Hey Christine, just wanted to drop a line to see how you were doing. Email me when you can.

God Bless!

Shelly 

 

Subject: RE: Urachal Cancer Survivor
Date: 10/18/2007

Hi Shelly   I didn't get your message in my e-mail and I haven't been on here for awhile. I did see find your message about your husband being stable and I hope that is still the same. I just finished another round of chemo and I had a cat scan today and I will get the results back nov. 1. I really don't know what is next in any out come of the results, in one way I wish for the cancer to be gone so I don't have to have anymore chemo and another part of me will worry if I am told they will stop the chemo and wait and see what happens. Kind of dump but your mind can play funny tricks on any practicle thoughts. Well I wish you and your husband all the positive thoughts I have and e-mail me soon , love to hear from you too.

christine

Subject: RE: Urachal Cancer Survivor
Date: 10/22/2007

 

On 7/6/2007 Linda l wrote:

It has been 3 years since I posted my first message of being in remission.       I have remained in remission with no reoccurences. My cancer was diagnosed as stage 4. I underwent surgery ,removed half of bladder, colon resection and hysterectomy . I underwent chemo for 6 mon. It was agressive Gemzar and Cistplatin. Except for a back injury and osteoporosis I am doing well. I now Know my surgeons and oncologist are the best around. I thank God for every day. It is still a battle, but worth the fight. Dr. Songbird are you still using this sight?  God bless to all who fight this rare cancer. Never give up.      Linda L.


 

I am a survivor too. I was diagnosed with urachal cancer in early February 2006 and underwent surgery on 1 March 2006. A tumour the size of a tennis ball, emanating from my urachus and pressing on the top of my bladder, was removed, along with a mass of jelly spreading up to my liver. Half my bladder was also removed, but my belly button was left untouched - the scar just zig-zags round it! My lymph nodes were not affected, and the tumour had not spread, apart from creating the mass of low-grade jelly in my abdomen.

I was subsequently referred to an oncologist, who confirmed that I had a urachal mucinous adenocarcinoma, which falls into the general category of PMP (pseudomyxoma peritonei), so I was referred to a PMP specialist clinic in the UK, where I now have regular CT scans and follow-up interviews with a consultant surgeon.

Since my operation I have made excellent progress. I have had no chemo treatment and no further surgery. I have been told both by my oncologist and by my consultant surgeon that I am currently in remission and that they don't need to see me for another six months.

I am 65 years of age, I feel fit and well, I play golf regularly and walk my dog for a mile each day. I was able to go skiing in January 2007 and I plan to go skiing again in January 2008.

I worry a bit about the future, but my philosophy right now is to enjoy life to the full. I hope this gives hope to fellow-sufferers.

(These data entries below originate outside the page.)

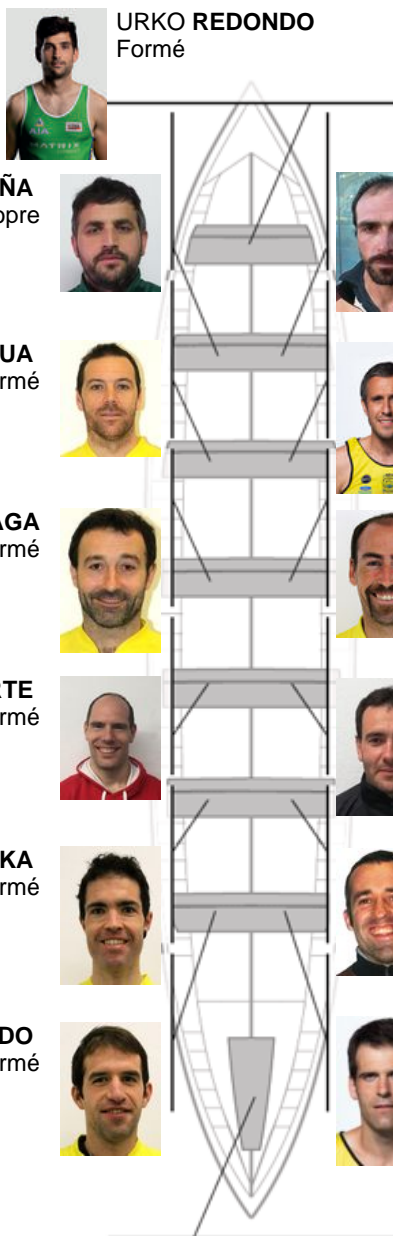

	Club	Temp	Dif	%	Points
4	ORIO ORIALKI	20:20,98	00:25.14	102.10%	9

Coach  
Jose Antonio  
**Olaskoaga**

Délegué  
LINO  
**CARRERA**

Firma y sello

### Supleánts

Remeur  
**LETOAN**  
**MIRASERRA**

Formé

**URKO REDONDO**  
Formé

**ANDONI PEÑA**  
Propre

**GORKA ETXEBERRIA**  
Formé

**OIER AIZPURUA**  
Formé

**FERNANDO VALENCIAGA**  
Propre

**JOXEAN OLASKOAGA**  
Formé

**ANARTZ LARREA**  
Propre

**MANUEL LASARTE**  
Formé

**ARITZ ETXEBESTE**  
Formé

**IÑIGO MUJIKA**  
Formé

**AGUSTIN MUJIKA**  
Formé

**JOSU INDO**  
Formé

**UNAI ETXEBERRIA**  
Formé

**AITOR CARRILLO**  
Propre

**Formé:10**

**Prope: 4**

**Non prope:**

Subject: RE: Urachal Cancer Survivor
Date: 10/23/2007

 

On 10/22/2007 Graham D wrote:

 

On 7/6/2007 Linda l wrote:

It has been 3 years since I posted my first message of being in remission.       I have remained in remission with no reoccurences. My cancer was diagnosed as stage 4. I underwent surgery ,removed half of bladder, colon resection and hysterectomy . I underwent chemo for 6 mon. It was agressive Gemzar and Cistplatin. Except for a back injury and osteoporosis I am doing well. I now Know my surgeons and oncologist are the best around. I thank God for every day. It is still a battle, but worth the fight. Dr. Songbird are you still using this sight?  God bless to all who fight this rare cancer. Never give up.      Linda L.


 

I am a survivor too. I was diagnosed with urachal cancer in early February 2006 and underwent surgery on 1 March 2006. A tumour the size of a tennis ball, emanating from my urachus and pressing on the top of my bladder, was removed, along with a mass of jelly spreading up to my liver. Half my bladder was also removed, but my belly button was left untouched - the scar just zig-zags round it! My lymph nodes were not affected, and the tumour had not spread, apart from creating the mass of low-grade jelly in my abdomen.

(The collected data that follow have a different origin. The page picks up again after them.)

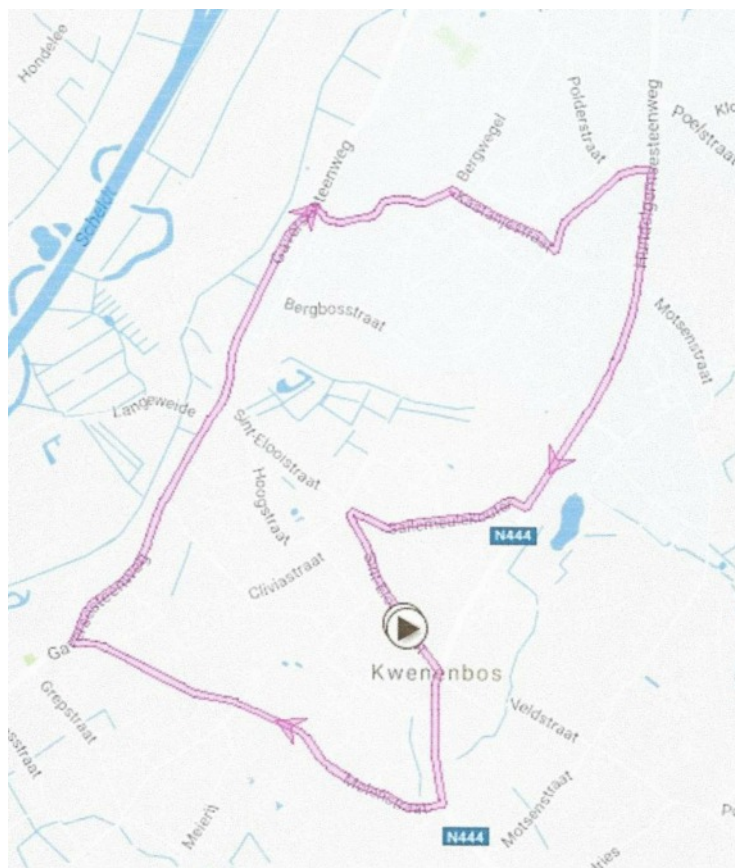

PROVINCIAAL KAMPIOENSCHAP NIEUWELINGEN – MERELBEKE – 7 MEI

ORGANISERENDE CLUB: **De Oasevrienden** - stamnummer: **Feest-en Sportcomité Kwenenbos, 71988005**

totale afstand: **63,6 km** en **71,5 km** aantal km/ronde: **7,9000** aantal ronden: **8 (1° j) - 9 (2° j)**

kleedkamers en lokaal antidopingcontrole: **St Elooischool – St. Elooistraat 79 - 9820 MERELBEKE**

locatie verzetcontrole: **zijwegje St Elooistraat (50 m vóór aankomst)**

lokaal antidopingcontrole: **St Elooischool – St. Elooistraat 79 - 9820 MERELBEKE**

bevoorradingzone: **Hundelgemsesteenweg ts St Elooistraat en Hoordriesstraat**

opstellen volgwagens: Sint Elooistraat ter hoogte van aankomstlijn : **Rouwonderneming De Zandkorrel**

medische hulppost: **Vlaams Kruis St Elooistraat 21A**

tekenen startlijst: **Taverne De Oase – Hundelgemsesteenweg 1050 – 9820 Merelbeke**

parking afgevaardigden: **rechtover Taverne De Oase, Veldstraat (privé-woning)**

plaatsen radioverbindingen: **garage NISSAN, Hundelgemsesteenweg 1038**

I was subsequently referred to an oncologist, who confirmed that I had a urachal mucinous adenocarcinoma, which falls into the general category of PMP (pseudomyxoma peritonei), so I was referred to a PMP specialist clinic in the UK, where I now have regular CT scans and follow-up interviews with a consultant surgeon.

Since my operation I have made excellent progress. I have had no chemo treatment and no further surgery. I have been told both by my oncologist and by my consultant surgeon that I am currently in remission and that they don't need to see me for another six months.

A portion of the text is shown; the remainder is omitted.